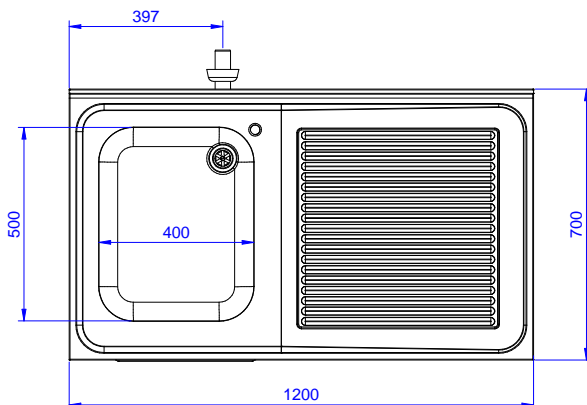

Lavatoio armadiato con 1 vasca 400x500 mm e gocciolatoio destro, per lavastoviglie sottotavolo, da 1200 mm

Descrizione

Articolo N° _____

Lavatoio in acciaio inox AISI 304 con piano di lavoro da 50 mm e spessore 10/10. Insonorizzato con piega salvamani sui bordi e dotato di involucro perimetrale ed angoli saldati. Porta a battente fonoassorbente. Piedini regolabili in altezza. Alzatina paraspruzzi posteriore con raggiatura 10 mm, altezza 100 mm e spessore 13 mm. Una vasca da 400x500x300 mm dotata di tubo troppopieno e piletta di scarico da 2". Gocciolatoio stampato posizionato sulla parte destra sotto il quale si può inserire una lavastoviglie.

Approvazione: _____

Preparazione Statica Standard
Lavatoio armadiato con 1 vasca e gocciolatoio destro, per lavastoviglie
sottotavolo, da 1200 mm

Fronte

Lato

D = Scarico acqua

Alto

Scarico

Posizione scarico:

132928 (MARMDXN)

Da destra a sinistra

Informazioni chiave

Larghezza armadio:	1145 mm
Profondità armadio:	645 mm
Altezza armadietto:	385 mm
Dimensioni esterne, larghezza:	1200 mm
Dimensioni esterne, profondità:	700 mm
Dimensioni esterne, altezza:	1000 mm
Dimensione alzatina, altezza:	100 mm
Dimensione alzatina, profondità:	13 mm
Dimensione alzatina, raggio:	R=10
Numero di vasche:	1
Dimensione vasca:	400x500xH300
Numero e tipologia di porte:	1 Cernierato
Spessore piano di lavoro:	50 mm
Peso netto:	55 kg
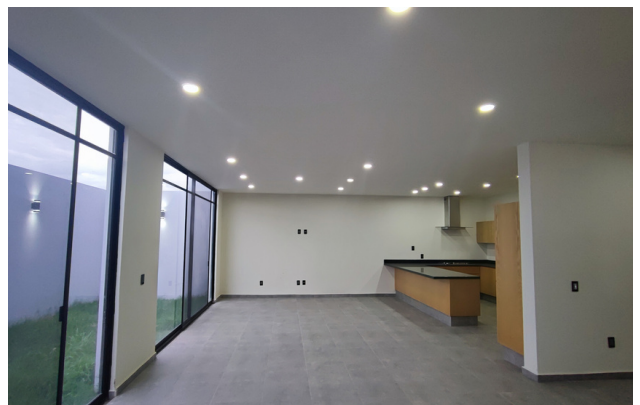

DESCRIPCIÓN DE LA PROPIEDAD

Casa en Venta ubicada en Valle Imperial Coto Griego con monumental puerta de acceso de 2.4 m de ancho, pasillo distribuidor con jardinera para árbol debajo de la escalera, baño completo y estudio o 4ta recamara, cocina, sala, comedor y jardín. El segundo piso con espectacular estar de tv al centro, dos habitaciones secundarias con baño y vestidor, recamara principal Cúper amplia con ventanal de piso a techo y balcón, cuenta con un impresionante vestidor y baño completo. En el tercer piso tienes un estar de tv, habitación de servicio, baño completo independiente, doble terraza (la trasera con preparación para barra), además del área de lavado. Todas las cubiertas son de granito (cocina y baños), pisos porcelanatos en acabado mate de 60x120, iluminación led en toda la casa, madera sólida, alturas interiores de 2.9m. Cuenta con casa club con alberca, juegos infantiles, terraza para eventos y gimnasio. Al ingreso está la Plaza Valle Imperial, Farmacia Guadalajara 24 hrs. Oxxo, colegios 5 minutos, a 5 minutos plaza vd y plaza la cima. Próxima apertura hospital Santa María Chapalita.

FACHADA

FACHADA

SALA COMEDOR

SALA COMEDOR

COCINA

COCINA

COCINA COMEDOR

SALA COMEDOR
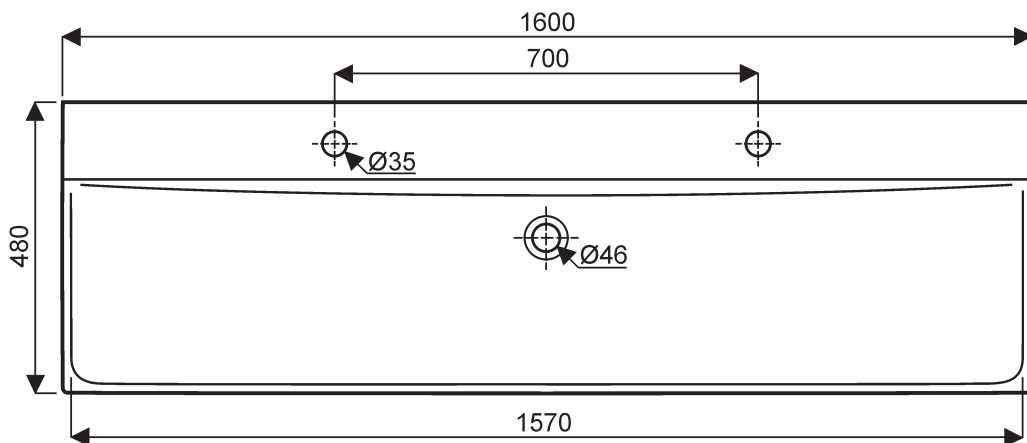

Plan de toilette XENO² en Varicor[®] de 160 et 140 à poser

Xeno²

427161016 Plan de toilette en VARICOR[®] Xeno² de 160 sans trop plein, percé pour 2 robinets.

427160016 Plan de toilette en VARICOR[®] Xeno² de 160 sans trop plein, sans tous de robinetterie.

427141016 Plan de toilette en VARICOR[®] Xeno² de 140 sans trop plein, percé pour 2 robinets.

427140016 Plan de toilette en VARICOR[®] Xeno² de 140 sans trop plein, sans tous de robinetterie.

Bonde à écoulement libre fournie,

A poser sur meuble uniquement,

A consulter page suivante : Meuble console Xeno².

Vue en coupe des plans Xeno² de 160 et 140 avec ou sans trous de robinetteries.

Meuble console pour plan de toilette XENO² en Varicor[®] de 160 et 140 à poser
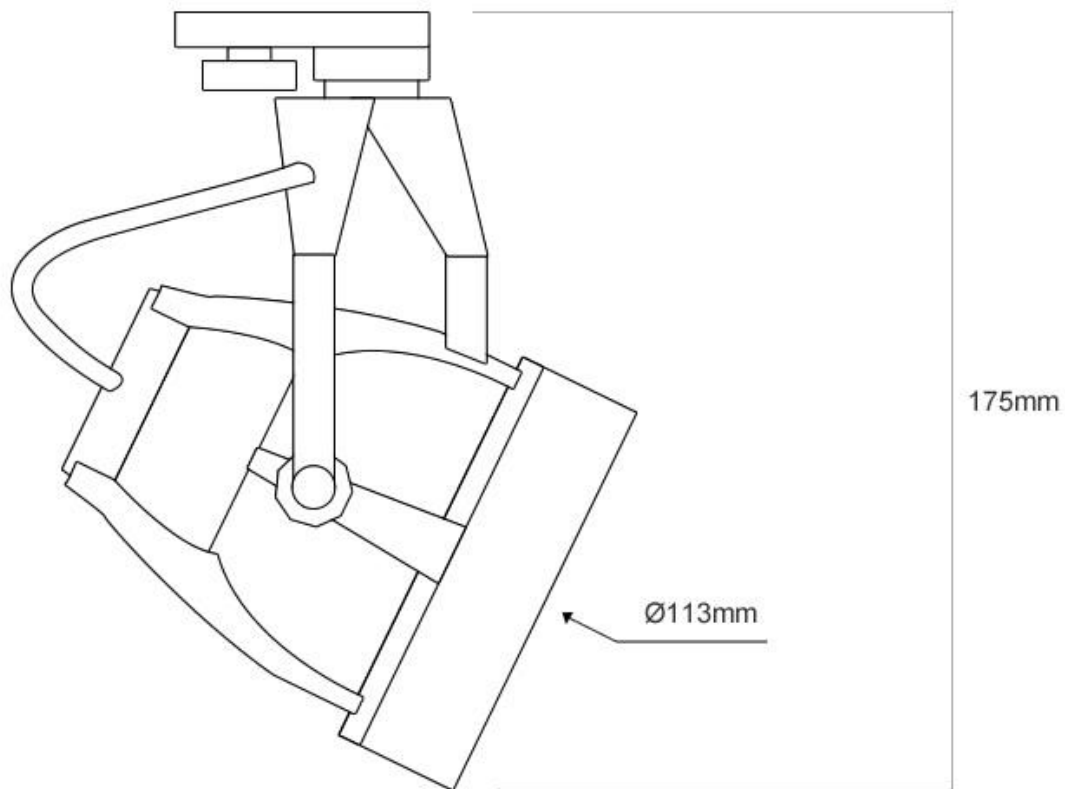

RAIL DOKOS Housing E27 blanco monofásico

Adaptador orientable para adaptar bombillas con casquillo E27 a carril monofásico.

ESPECIFICACIONES

Casquillo	E27
Otros	Housing
Movilidad	Orientable
Interior-exterior	Interior

Referencia

LD1014036

Dimensiones del producto

113x113x175mm

Dimensiones del packaging

12x12x20cm

Certificados

CE
ROHS
ECORAEE

DETALLES

Adaptador orientable para adaptar bombillas con **casquillo E27** a carril monofásico.

NO INCLUYE BOMBILLA

ESQUEMA DE INSTALACIÓN

Instalación

GALERIA

AVISO

Datos sujetos a cambios sin aviso. Excepto errores y omisiones. Asegúrese de utilizar el archivo más reciente posible.
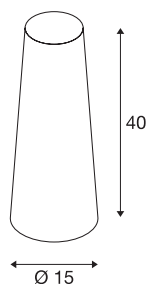

FENDA

abajur, cónico, preto/cobre, Ø/A 15/40 cm

FENDA, abajur cónico com 150 mm de diâmetro e 400 mm de altura, em preto/cobre.

DADOS TÉCNICOS

Ref. n.º	156212
IP Code	IP 20
Montagem	Móvel
Cor	preto
Saída de luz	direto-indireto
Altura	40 cm
Diâmetro	15 cm
Peso líquido	0.176 kg
Peso bruto	0.503 kg
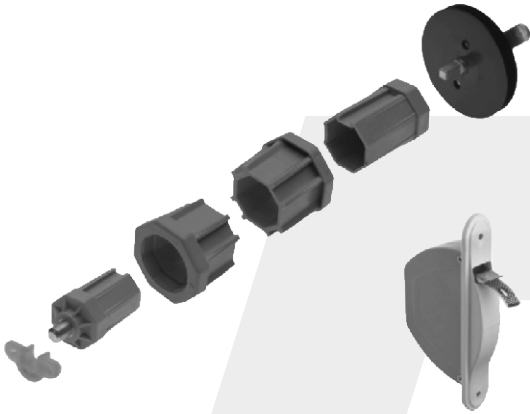

REC-013

Recogedor de persianas para puerta

★ ★ ★

Please output an exact repetition of the lines from the line containing "abajur, cónico, preto/cobre, Ø/A 15/40 cm" to the end of the records, both included, with no pictures and no additional text.

#### Completed task:
abajur, cónico, preto/cobre, Ø/A 15/40 cm

FENDA, abajur cónico com 150 mm de diâmetro e 400 mm de altura, em preto/cobre.

DADOS TÉCNICOS

Ref. n.º	156212
IP Code	IP 20
Montagem	Móvel
Cor	preto
Saída de luz	direto-indireto
Altura	40 cm
Diâmetro	15 cm
Peso líquido	0.176 kg
Peso bruto	0.503 kg

REC-013

Recogedor de persianas para puerta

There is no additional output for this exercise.